WHAT THE TASK ASKS:
The expected output is the data below, character for character, without its pictures.
==== MATERIAL PROVIDED ====
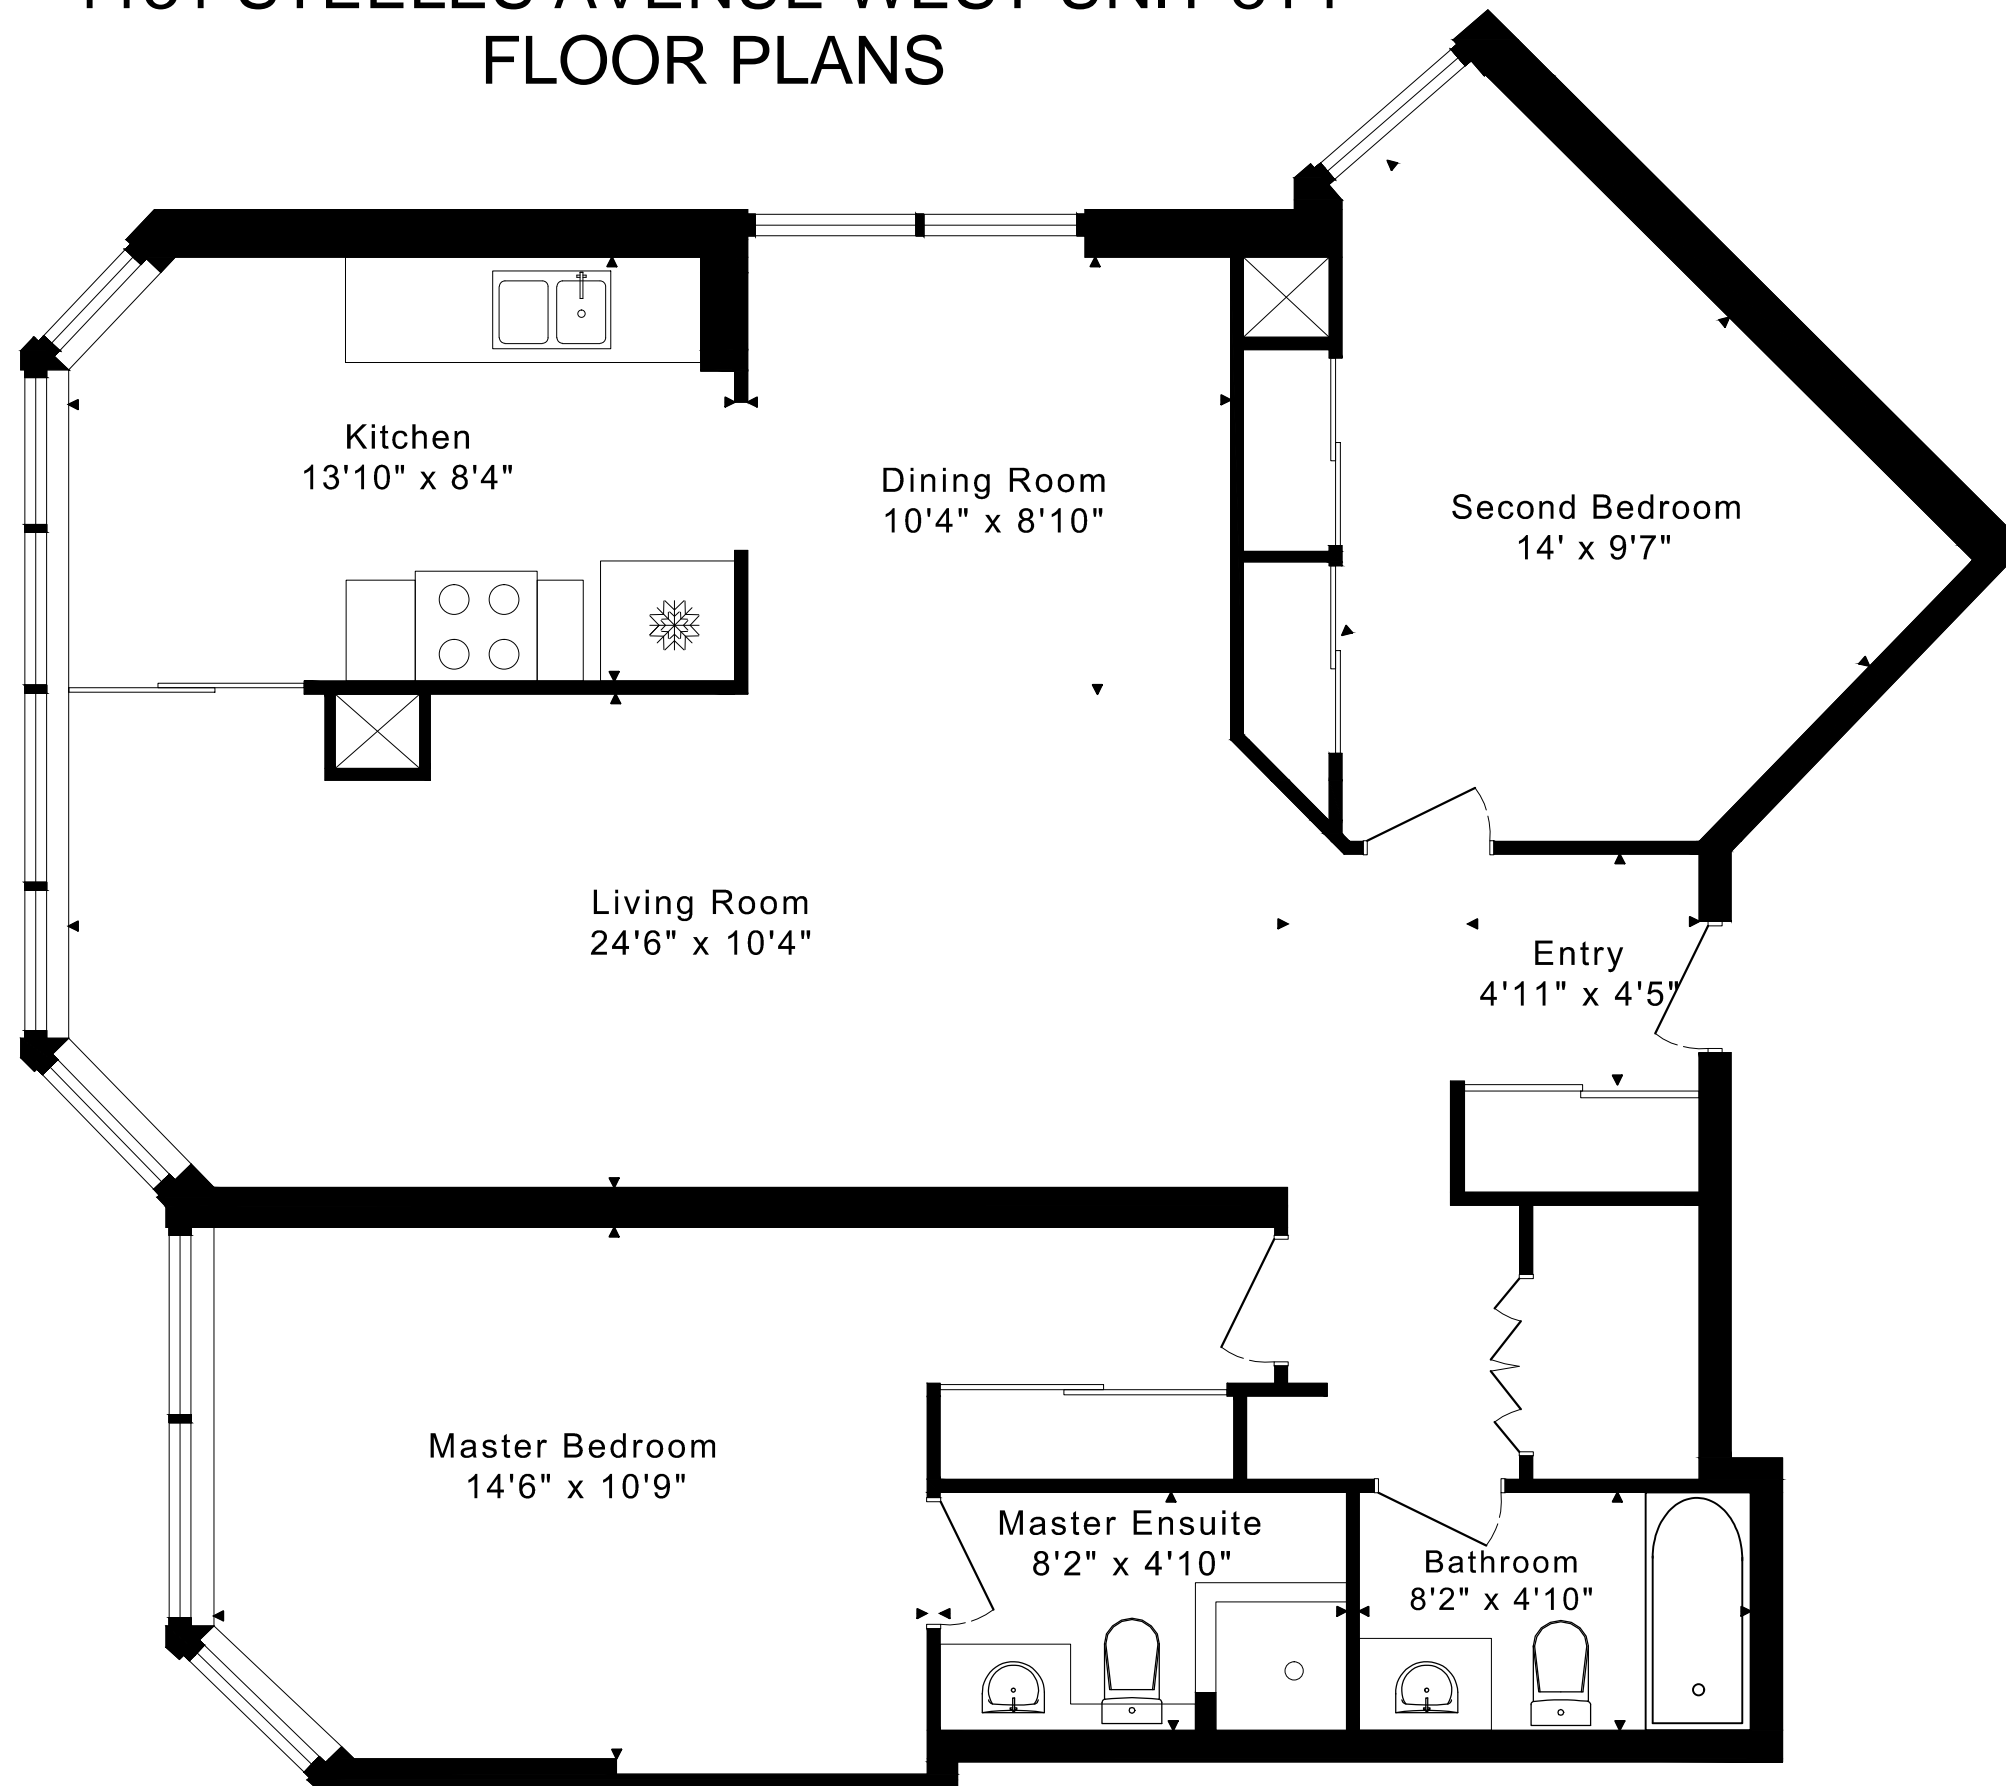

1131 STEELES AVENUE WEST UNIT 814 FLOOR PLANS

CAPTURED ON: 13 JUL 2020
DIMENSIONS ARE APPROXIMATE AND SHOULD BE CONSIDERED
ILLUSTRATIVE ONLY.

1125 Sq. Ft.
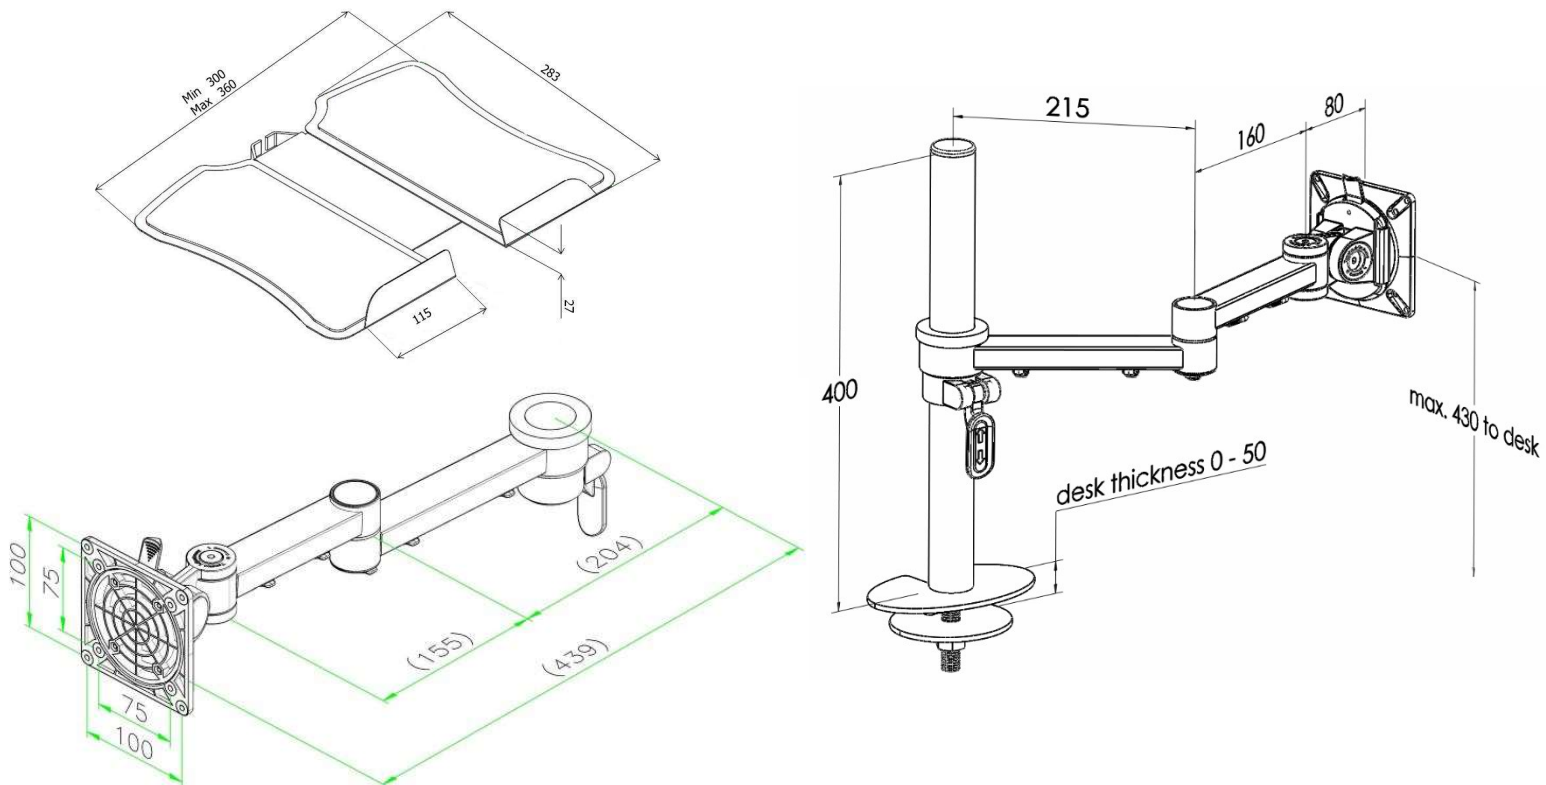

XSTREAM dual beam with through-desk post and laptop attachment

Product Specification

Product code	XSTREAM2PMCOMB06S - silver
Weight capacity	10kg
Max screen size	30"
Max forward extension	460mm
VESA	75mm & 100mm VESA compliant
Movement	Height adjustment, tilt, swivel, rotation and reach
Height adjustment	Max height adjustment 380mm from desk top
Fixings	Supplied with through-desk fixing for 0-50mm thick desk

Additional Information

Two dual beam arms with manual height adjustment

Laptop holder attachment with VESA fitting

Additional +/- 70mm available with ratchet mechanism

Lockable quick release VESA function

Compact – folds back into a space of 40mm

Silver – XSTREAM2PMCOMB06S - RAL code 9006

White – XSTREAM2PMCOMB06W - RAL code 9010

Black – XSTREAM2PMCOMB06B - RAL code 9005

Ergo
01235 773373
www.ergoldt.co.uk
sales@ergoldt.co.uk

XSTREAM dual beam with through-desk post and laptop attachment

Product Dimensions

Product code	XSTREAM2PMCOMB06
Clamp	Max desk depth 50mm
Post	400mm
Arms	Max 460mm extension
VESA	75mm & 100mm VESA compliant
Height adjustment	Max height adjustment 300mm
Tilt	85 degrees up / 85 degrees down (170 degrees total)
Laptop holder	W: 300mm-360mm, D: 283mm
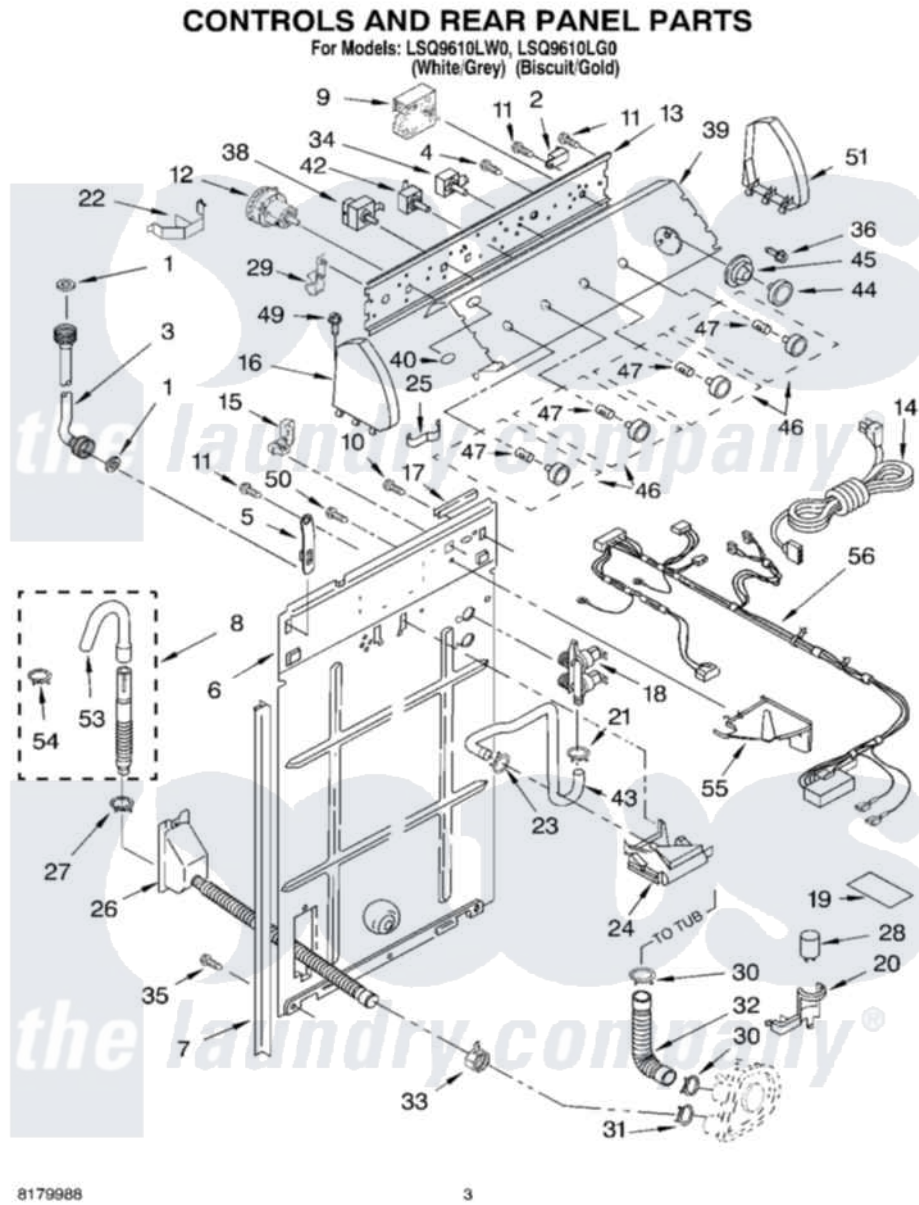

Whirlpool LSQ9610LG0 02 - CONTROLS AND REAR PANEL PARTS

Whirlpool [Residential Whirlpool LSQ9610LG0 Washer Parts](#) Parts Diagram 02 - CONTROLS AND REAR PANEL PARTS
Click on the part number to view part

Item	Original Part Number	Replaced By	Status	Part Description
1	3976300	16123		Washer Inlet-Hose Miscellaneous Parts Must be Ordered Separately.
2	694419			Mini-Buzzer
3	3949374	89503		Hose-Inlet
"	3949375	89503		Hose-Inlet
4	3400073			Screw, Ground
5	8318255	8568314		Strap, Console
6	3357978			Panel, Rear
7	62747			Pad, Rear Panel
8	3951609	285664		Hose
"	661577	285666		Hose
"	3357090	285702		Hose
9	8541270			Timer, Control
10	3351614			Screw, Gearcase Cover Mounting
11	90767			Screw, 8A X 3/8 HeX Washer Head Tapping
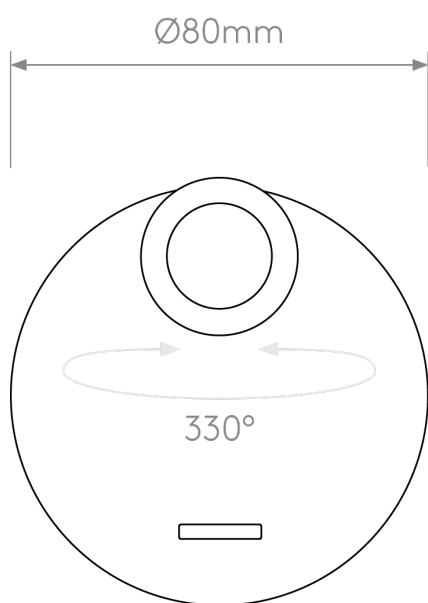

Astro Lighting - Enna - 1058013 - LED Nickel Reading Wall Light

CONTACT
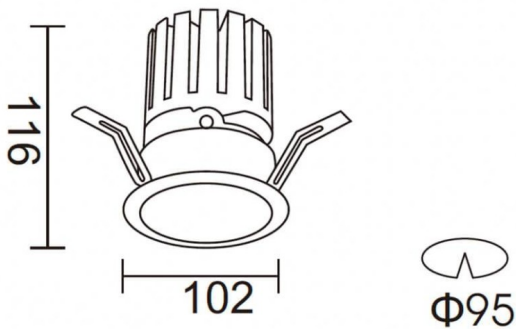

PRO-DR

Lavov downlight from the family PRO-DR with a power of 28,7W and an optics 36 degrees . CCT 4000K. With a total lumen output of 2336lm and a luminous efficiency of 81,4lm/W.ON/OFF driver. Made in die cast aluminum and finished in Silver color.

Item code	86.D025.3431.03
Product type	Indoor
Category	Downlights
Family	PRO-D
Subfamily	PRO-DR
Pictograms	

Scheme

Product	
Real power (W)	28.7
Real luminous flux (Lm)	2336
Luminous efficiency (Lm/W)	81.4
Beam angle (º)	36
Life time (h)	50000 h L80B10
IP	20
Electrical class insulation	Clas II
Colour	Silver
Control gear included	Yes
Control gear	ON/OFF
Flicker Free	Yes
Light source	LED
Type of LED	COB
Colour temperature (K)	4000
Colour consistency (SDCM)	SDCM<3
CRI	90
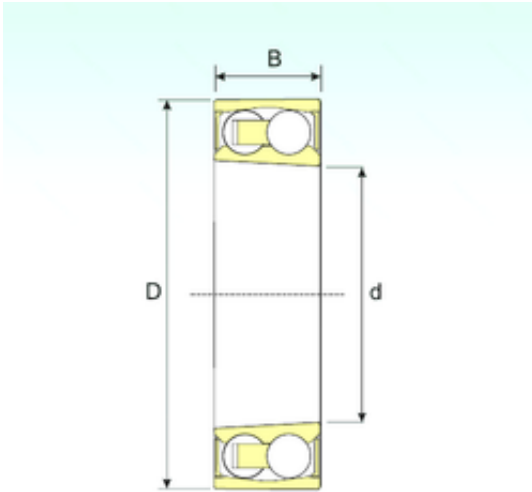

## High Temperature BEARINGS CO., LTD

45 mm x 85 mm x 23 mm ISB 2209-2RSKTN9  
self aligning ball bearings

Bearing No. 2209-2RSKTN9

Size	45x85x23 mm
Bore Diameter	45 mm
Outer Diameter	85 mm
Width	23 mm
d	45 mm
D	85 mm
B	23 mm
C	23 mm
Weight	0,53 Kg
Basic dynamic load rating (C)	22,44 kN
Basic static load rating (C0)	7,64 kN

2209-2RSKTN9 Bearing 2D drawings and 3D CAD models
====
ANSWER TO THIS TASK:
1131 STEELES AVENUE WEST UNIT 814 FLOOR PLANS

CAPTURED ON: 13 JUL 2020
DIMENSIONS ARE APPROXIMATE AND SHOULD BE CONSIDERED
ILLUSTRATIVE ONLY.

1125 Sq. Ft.

XSTREAM dual beam with through-desk post and laptop attachment

Product Specification

Product code	XSTREAM2PMCOMB06S - silver
Weight capacity	10kg
Max screen size	30"
Max forward extension	460mm
VESA	75mm & 100mm VESA compliant
Movement	Height adjustment, tilt, swivel, rotation and reach
Height adjustment	Max height adjustment 380mm from desk top
Fixings	Supplied with through-desk fixing for 0-50mm thick desk

Additional Information

Two dual beam arms with manual height adjustment

Laptop holder attachment with VESA fitting

Additional +/- 70mm available with ratchet mechanism

Lockable quick release VESA function

Compact – folds back into a space of 40mm

Silver – XSTREAM2PMCOMB06S - RAL code 9006

White – XSTREAM2PMCOMB06W - RAL code 9010

Black – XSTREAM2PMCOMB06B - RAL code 9005

Ergo
01235 773373
www.ergoldt.co.uk
sales@ergoldt.co.uk

XSTREAM dual beam with through-desk post and laptop attachment

Product Dimensions

Product code	XSTREAM2PMCOMB06
Clamp	Max desk depth 50mm
Post	400mm
Arms	Max 460mm extension
VESA	75mm & 100mm VESA compliant
Height adjustment	Max height adjustment 300mm
Tilt	85 degrees up / 85 degrees down (170 degrees total)
Laptop holder	W: 300mm-360mm, D: 283mm

Whirlpool LSQ9610LG0 02 - CONTROLS AND REAR PANEL PARTS

Whirlpool [Residential Whirlpool LSQ9610LG0 Washer Parts](#) Parts Diagram 02 - CONTROLS AND REAR PANEL PARTS
Click on the part number to view part

Item	Original Part Number	Replaced By	Status	Part Description
1	3976300	16123		Washer Inlet-Hose Miscellaneous Parts Must be Ordered Separately.
2	694419			Mini-Buzzer
3	3949374	89503		Hose-Inlet
"	3949375	89503		Hose-Inlet
4	3400073			Screw, Ground
5	8318255	8568314		Strap, Console
6	3357978			Panel, Rear
7	62747			Pad, Rear Panel
8	3951609	285664		Hose
"	661577	285666		Hose
"	3357090	285702		Hose
9	8541270			Timer, Control
10	3351614			Screw, Gearcase Cover Mounting
11	90767			Screw, 8A X 3/8 HeX Washer Head Tapping

Astro Lighting - Enna - 1058013 - LED Nickel Reading Wall Light

CONTACT

PRO-DR

Lavov downlight from the family PRO-DR with a power of 28,7W and an optics 36 degrees . CCT 4000K. With a total lumen output of 2336lm and a luminous efficiency of 81,4lm/W.ON/OFF driver. Made in die cast aluminum and finished in Silver color.

Item code	86.D025.3431.03
Product type	Indoor
Category	Downlights
Family	PRO-D
Subfamily	PRO-DR
Pictograms	

Scheme

Product	
Real power (W)	28.7
Real luminous flux (Lm)	2336
Luminous efficiency (Lm/W)	81.4
Beam angle (º)	36
Life time (h)	50000 h L80B10
IP	20
Electrical class insulation	Clas II
Colour	Silver
Control gear included	Yes
Control gear	ON/OFF
Flicker Free	Yes
Light source	LED
Type of LED	COB
Colour temperature (K)	4000
Colour consistency (SDCM)	SDCM<3
CRI	90

## High Temperature BEARINGS CO., LTD

45 mm x 85 mm x 23 mm ISB 2209-2RSKTN9  
self aligning ball bearings

Bearing No. 2209-2RSKTN9

Size	45x85x23 mm
Bore Diameter	45 mm
Outer Diameter	85 mm
Width	23 mm
d	45 mm
D	85 mm
B	23 mm
C	23 mm
Weight	0,53 Kg
Basic dynamic load rating (C)	22,44 kN
Basic static load rating (C0)	7,64 kN

2209-2RSKTN9 Bearing 2D drawings and 3D CAD models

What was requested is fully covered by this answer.